Just be careful what exactly you expose to the elements. Frostbite is painful.

Clean off all the snow and ice from the windshield and lights. The better you can see, the safer it will be driving and the better other drivers can see you, the safer the roads generally become.

Keep at least half a tank of gas in the auto at all times. Gunk and water sometimes get mixed in with the gasoline causing a chance of a frozen gas line. There are additive gas products available at the local auto parts which will ensure a frozen line will not happen. You do not want to turn your gasoline into a blended daiquiri.

Make sure that your cell phone is fully charged then turn it off. A cell phone is a distraction and the driver must concentrate on the driving task. The same thing goes for the radio, turn it off. The biggest distraction is talking to another passenger in the car, so putting passengers in the trunk would be a the best remedy for the situation. Start with your mother-in-law.

Know where you are going before you put the key in the ignition. This is not a time to be checking maps or the GPS. Plan your route before you get behind the wheel. Also, if you can drive in the daytime, do so. Night driving in the snow becomes an exponential problem. Night driving while blindfolded is a super exponential problem and a Fear Factor challenge.

And most importantly, put on your seat belt. Safety first. Danger last.

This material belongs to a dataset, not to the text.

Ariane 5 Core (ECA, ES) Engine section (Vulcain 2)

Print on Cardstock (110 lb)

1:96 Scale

For long term winter driving, a winter car care kit is essential. Here is a check list of items to have in the car, just in case you are stuck in the elements for an extended period. They include:

1. a flashlight (with extra batteries)
2. a shovel
3. a bad of sand or kitty litter–for traction
4. road flares
5. jumper cables
6. blankets
7. a change of clothes
8. food and water
9. a towing chain or ropes
10. matches

Here is a list of things you do not need in a winter car care kit:

1 Suntan lotion
2. Insecticide
3. Cocktail umbrella
4. Hula skirt
5. Mambo records

Realize that it will take up to 12 times longer to stop in the ice and snow.
Adjust your stopping distance accordingly.

Now that you and your car are set to drive, here are a few tips to survive on the road.

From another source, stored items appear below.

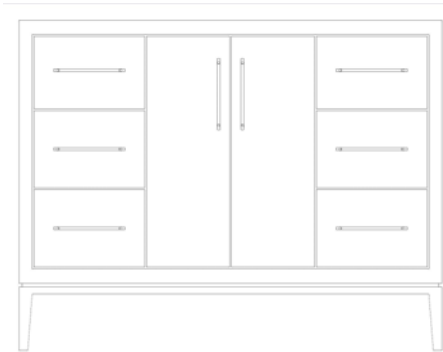

ALEXANDRA COLLECTION
ALEXANDRA SINGLE EXTRA WIDE BATH VANITY

48" Bath Vanity

ALS4-48

Vanity Configuration

2 Doors and 6 Drawers

W (in)

48"

D (in)

21 1/2"

H (in)

34 1/2"

Decorative Hardware

6-5/16" center to center hole pattern

Optional Countertops (countertop and faucet sold separately)

- C-49-SRC.WS Silestone® Quartz Vanity Top - Single Rectangle Centered Sink (8" widespread)
- C-49-SRC.SH Silestone® Quartz Vanity Top - Single Rectangle Centered Sink (single hole)
- C-49-SRC.NH Silestone® Quartz Vanity Top - Single Rectangle Centered Sink (no hole)
- C-49B Bath Vanity Top Backsplash

Paint Finish / Hardware Finish

SKU

MSRP

MAP

	Dark Basalt / Polished Chrome	ALS4-48.db.ch	$4,221	$3,377
	Dark Basalt / Matte Black	ALS4-48.db.mb	$4,221	$3,377
	Dark Basalt / Satin Gold	ALS4-48.db.sg	$4,221	$3,377
	Dark Basalt / Satin Nickel	ALS4-48.db.sn	$4,221	$3,377
	French Olive / Polished Chrome	ALS4-48.fo.ch	$4,221	$3,377
	French Olive / Matte Black	ALS4-48.fo.mb	$4,221	$3,377
	French Olive / Satin Gold	ALS4-48.fo.sg	$4,221	$3,377
	French Olive / Satin Nickel	ALS4-48.fo.sn	$4,221	$3,377
	Gray Mirage / Polished Chrome	ALS4-48.gm.ch	$4,221	$3,377
	Gray Mirage / Matte Black	ALS4-48.gm.mb	$4,221	$3,377
	Gray Mirage / Satin Gold	ALS4-48.gm.sg	$4,221	$3,377
	Gray Mirage / Satin Nickel	ALS4-48.gm.sn	$4,221	$3,377
	Hague Blue / Polished Chrome	ALS4-48.hb.ch	$4,221	$3,377
	Hague Blue / Matte Black	ALS4-48.hb.mb	$4,221	$3,377
	Hague Blue / Satin Gold	ALS4-48.hb.sg	$4,221	$3,377
	Hague Blue / Satin Nickel	ALS4-48.hb.sn	$4,221	$3,377
	Off Black / Polished Chrome	ALS4-48.ob.ch	$4,221	$3,377
	Off Black / Matte Black	ALS4-48.ob.mb	$4,221	$3,377
	Off Black / Satin Gold	ALS4-48.ob.sg	$4,221	$3,377
	Off Black / Satin Nickel	ALS4-48.ob.sn	$4,221	$3,377

First, turn on all running lights. It is better to see and be seen. A well lit object is easier seen than a darkened one. If you don't believe that is true.play baseball at night.

Realize that driving in the ice and show will take longer and plan your time accordingly. Think like the tortoise, slow and steady wins the race. Drive the same speed as the main flow of traffic, never passing or weaving from lane to lane. This is not a race and you are not an Indy driver.

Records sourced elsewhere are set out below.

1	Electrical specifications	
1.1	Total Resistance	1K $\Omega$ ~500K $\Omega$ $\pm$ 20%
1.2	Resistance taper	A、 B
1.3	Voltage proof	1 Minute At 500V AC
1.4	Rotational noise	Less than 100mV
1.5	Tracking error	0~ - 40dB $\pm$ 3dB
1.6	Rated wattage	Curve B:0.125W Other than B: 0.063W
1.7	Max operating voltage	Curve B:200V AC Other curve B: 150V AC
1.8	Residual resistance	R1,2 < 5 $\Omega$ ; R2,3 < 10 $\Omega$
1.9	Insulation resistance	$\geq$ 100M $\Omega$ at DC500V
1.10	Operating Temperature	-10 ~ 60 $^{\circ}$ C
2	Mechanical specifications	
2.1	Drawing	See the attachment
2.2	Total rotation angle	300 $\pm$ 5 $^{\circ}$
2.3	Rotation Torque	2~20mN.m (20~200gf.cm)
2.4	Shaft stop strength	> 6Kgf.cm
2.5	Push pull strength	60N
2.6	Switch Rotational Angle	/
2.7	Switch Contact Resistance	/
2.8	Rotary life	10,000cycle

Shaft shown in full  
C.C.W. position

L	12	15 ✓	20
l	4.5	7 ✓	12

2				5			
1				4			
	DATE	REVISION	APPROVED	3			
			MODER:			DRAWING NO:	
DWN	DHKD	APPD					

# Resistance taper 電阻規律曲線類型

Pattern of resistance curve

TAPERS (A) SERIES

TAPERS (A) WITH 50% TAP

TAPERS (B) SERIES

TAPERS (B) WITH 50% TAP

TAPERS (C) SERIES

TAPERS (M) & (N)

Drive with both hands on the wheel. Two hands means better control. Three hands would be the best control. Four hands is just overkill.

Downshift the vehicle instead of using the brakes as a way to slow down. Braking should be done in a smooth and light manner, slow and steady for maximum effect. Anti-lock brakes keep a car from skidding from side to side, they are not super reactive braking systems. Technically, ABS are actually an Anti Skid System. But nobody wants the initials for an Anti Skid System on their car.

Realize that it will take up to 12 times longer to stop in the ice and snow. Adjust your stopping distance accordingly.

Give yourself as much space as possible. The three-second rule for following distance should be quadrupled. When the weather is really bad, I use the 20 minute rule: -I want to be in the house 20 minutes before the bad weather happens. This is also known as the hot cocoa rule, meaning any weather problem can be solved with hot cocoa and a warm blanket.

Adjust your speed for the current weather conditions and anticipate difficult and dangerous situations. Even the best and most experienced drivers get caught in bad weather. If you anticipate the task before you even get behind the wheel and prepare your car and yourself; driving in snowy conditions can be done safely.